**Your goal:** Make the copy match the entries below exactly, with no pictures carried over.

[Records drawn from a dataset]
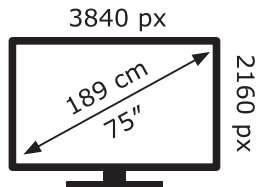

# ENERG

LG Electronics

75UP78003LB

**141** kWh/1000h

ABCDEF**G**

**185** kWh/1000h

2019/2013
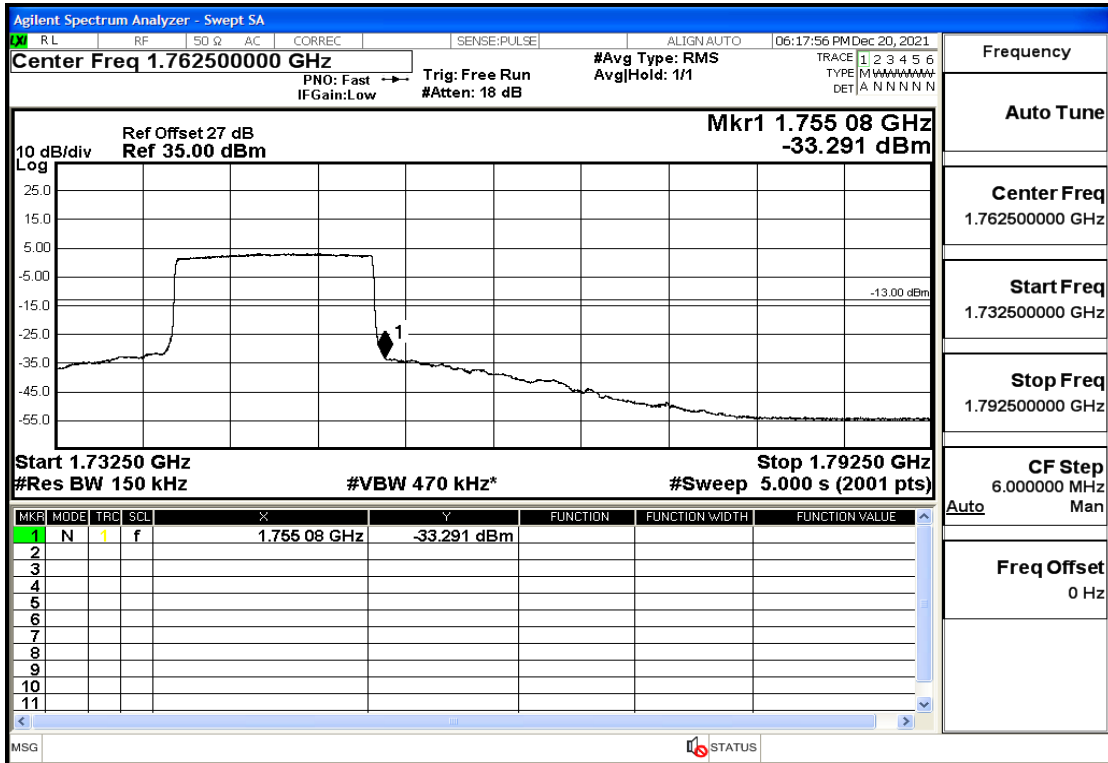

Band4-15-1747.5-16QAM-75#LOW@Pass
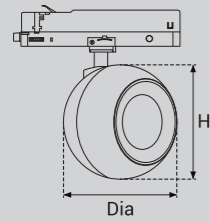

Technical Parameter

Input voltage	AC230V 50HZ
Light source	CREE/CITIZEN COB LEDs
LED drivers	GLOBAL
Connection	European Standard 4-wire
Dimming	Triac/Casambi/Bluetooth/Knob
Housing color	White/Black
Lumens	110-120LM/W
CCT	3000K/4000K/6000K/Dim-to-warm 1800K~3000K
Beam angle	15°/24°/36°
Color rendering index	CRI≥80/90 (CRI97 is available)
Material	Die-casting Aluminum
Life-span	50 000 hours

Model Selection

Model	Power	Lumens	Dimensions
UPL-TR-10W-MARS	10W	1163lm	Dia110*H100mm
UPL-TR-10W-MARS-Dim-to-warm	10W	950lm	Dia110*H100mm

Features

MARS LED TRACKLIGHTS

Technical Parameter

Input voltage	AC230V 50HZ
Light source	CREE/CITIZEN/TRIDONIC COB LEDs
LED drivers	PHILIPS/OSRAM/TRIDONIC
Connection	European Standard 4-wire
Dimming	Triac/1-10V/DALI/Bluetooth/Casambi
Housing color	White/Black/Grey
Lumens	110-120LM/W
CCT	2700K/3000K/4000K/5000K
Beam angle	15°/25°/36°
Color rendering index	CRI≥80/90 (CRI97 is available)
Material	Die-casting Aluminum
Life-span	50 000 hours

Model Selection

Model	Power	Lumens	Dimensions
UPL-TR-20W-EYE	20W	2256lm	Dia80*H95mm
UPL-TR-20W-EYE	30W	3329lm	Dia95*H110mm

EYE LED TRACKLIGHTS
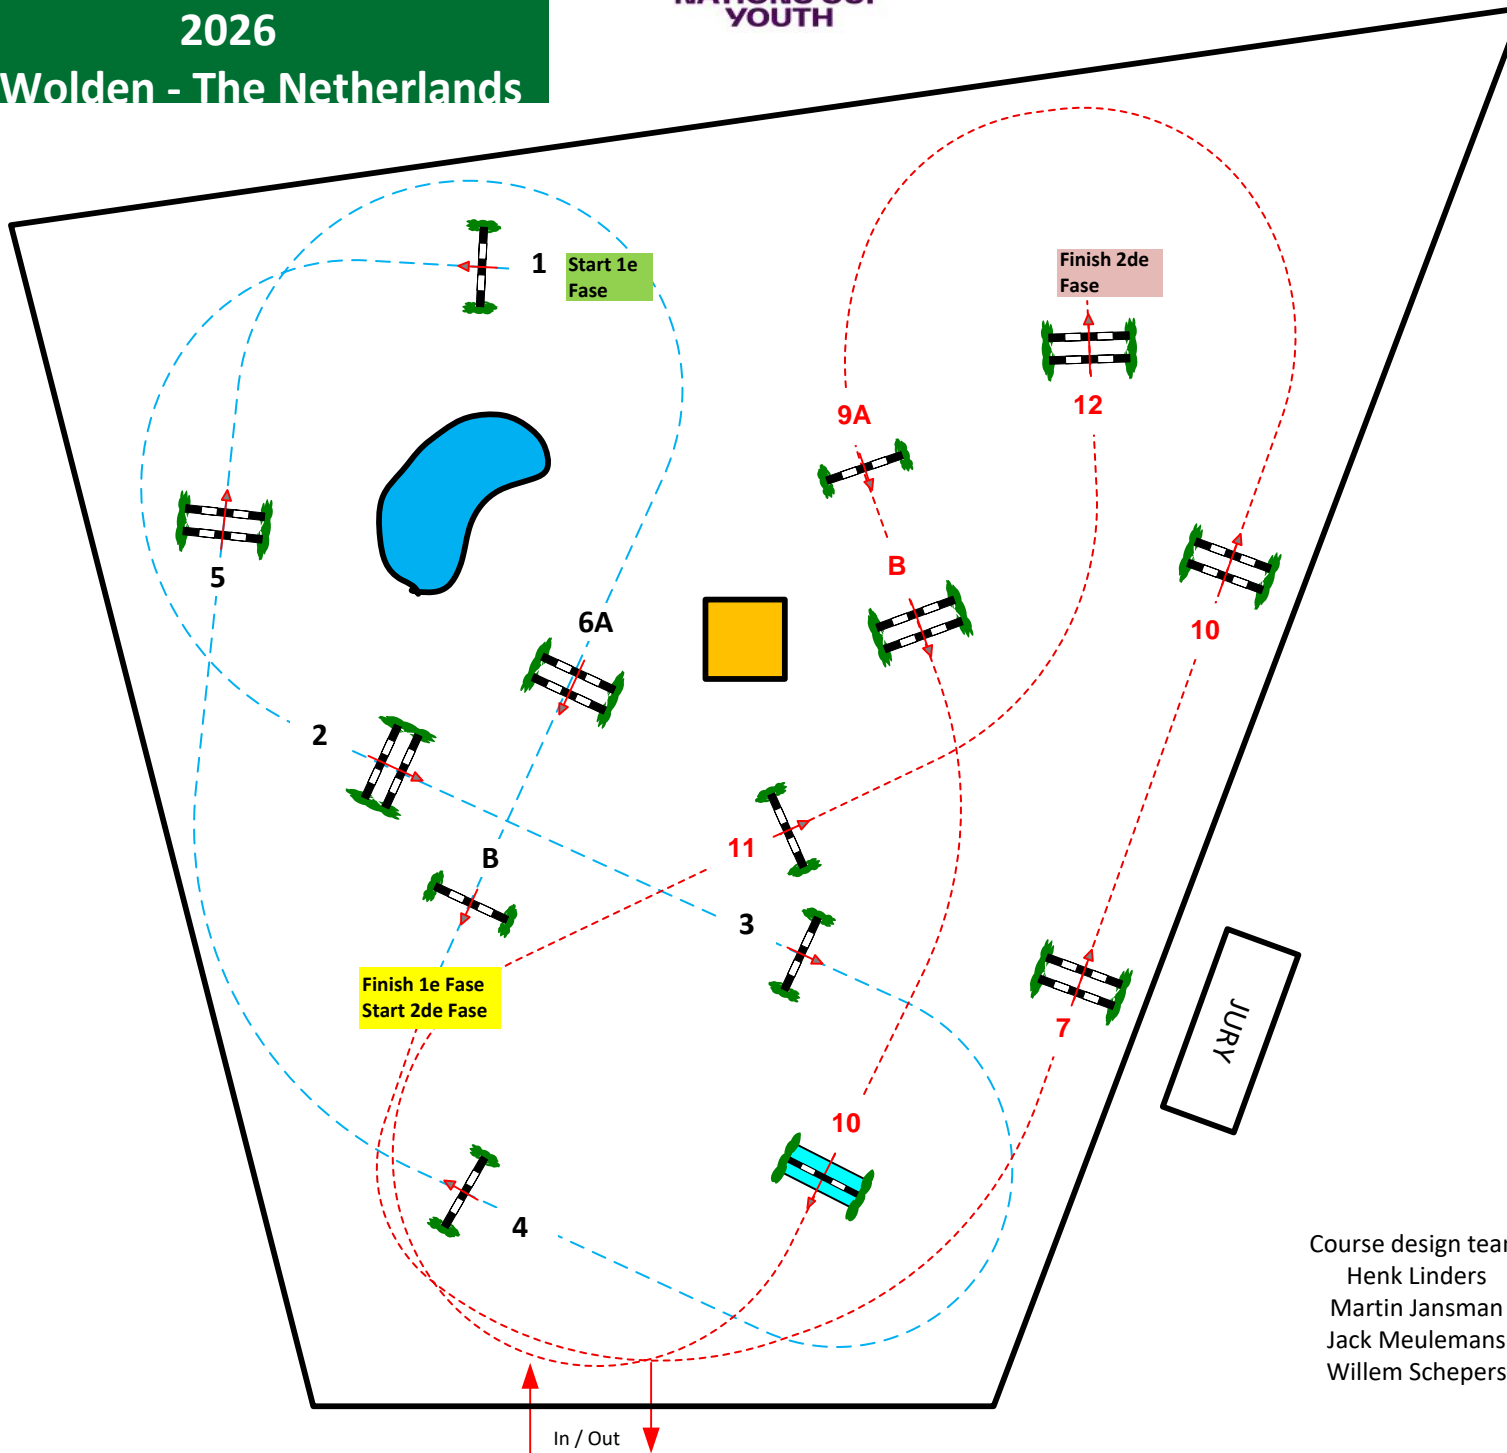

CSIO 2026

P/CH/J/YR

From 27 may until 31 may
2026

De Wolden - The Netherlands

Jaap Broek
Arena

S5

CSIOJ small tour 1,35

Competition in two Phases Special

woensdag 27 mei 2026

Table: A
National RG: 222.2.3
FEI RG / Art.
Height: 1,35 m

Speed: 350 m/min

Length: 250 m
Time allowed: 43 sec
Time limit: 86 sec

Obstacles: 6
Efforts: 7
Penalty sec
Closed combination:

2nd Phase: 7 t/m 12
Length: 260 m
Time allowed: 45 sec
Time limit: 90 sec

Course design team
Henk Linders
Martin Jansman
Jack Meulemans
Willem Schepers

**Output below:**
# ENERG

LG Electronics

75UP78003LB

**141** kWh/1000h

ABCDEF**G**

**185** kWh/1000h

2019/2013

Band4-15-1747.5-16QAM-75#LOW@Pass

Technical Parameter

Input voltage	AC230V 50HZ
Light source	CREE/CITIZEN COB LEDs
LED drivers	GLOBAL
Connection	European Standard 4-wire
Dimming	Triac/Casambi/Bluetooth/Knob
Housing color	White/Black
Lumens	110-120LM/W
CCT	3000K/4000K/6000K/Dim-to-warm 1800K~3000K
Beam angle	15°/24°/36°
Color rendering index	CRI≥80/90 (CRI97 is available)
Material	Die-casting Aluminum
Life-span	50 000 hours

Model Selection

Model	Power	Lumens	Dimensions
UPL-TR-10W-MARS	10W	1163lm	Dia110*H100mm
UPL-TR-10W-MARS-Dim-to-warm	10W	950lm	Dia110*H100mm

Features

MARS LED TRACKLIGHTS

Technical Parameter

Input voltage	AC230V 50HZ
Light source	CREE/CITIZEN/TRIDONIC COB LEDs
LED drivers	PHILIPS/OSRAM/TRIDONIC
Connection	European Standard 4-wire
Dimming	Triac/1-10V/DALI/Bluetooth/Casambi
Housing color	White/Black/Grey
Lumens	110-120LM/W
CCT	2700K/3000K/4000K/5000K
Beam angle	15°/25°/36°
Color rendering index	CRI≥80/90 (CRI97 is available)
Material	Die-casting Aluminum
Life-span	50 000 hours

Model Selection

Model	Power	Lumens	Dimensions
UPL-TR-20W-EYE	20W	2256lm	Dia80*H95mm
UPL-TR-20W-EYE	30W	3329lm	Dia95*H110mm

EYE LED TRACKLIGHTS

CSIO 2026

P/CH/J/YR

From 27 may until 31 may
2026

De Wolden - The Netherlands

Jaap Broek
Arena

S5

CSIOJ small tour 1,35

Competition in two Phases Special

woensdag 27 mei 2026

Table: A
National RG: 222.2.3
FEI RG / Art.
Height: 1,35 m

Speed: 350 m/min

Length: 250 m
Time allowed: 43 sec
Time limit: 86 sec

Obstacles: 6
Efforts: 7
Penalty sec
Closed combination:

2nd Phase: 7 t/m 12
Length: 260 m
Time allowed: 45 sec
Time limit: 90 sec

Course design team
Henk Linders
Martin Jansman
Jack Meulemans
Willem Schepers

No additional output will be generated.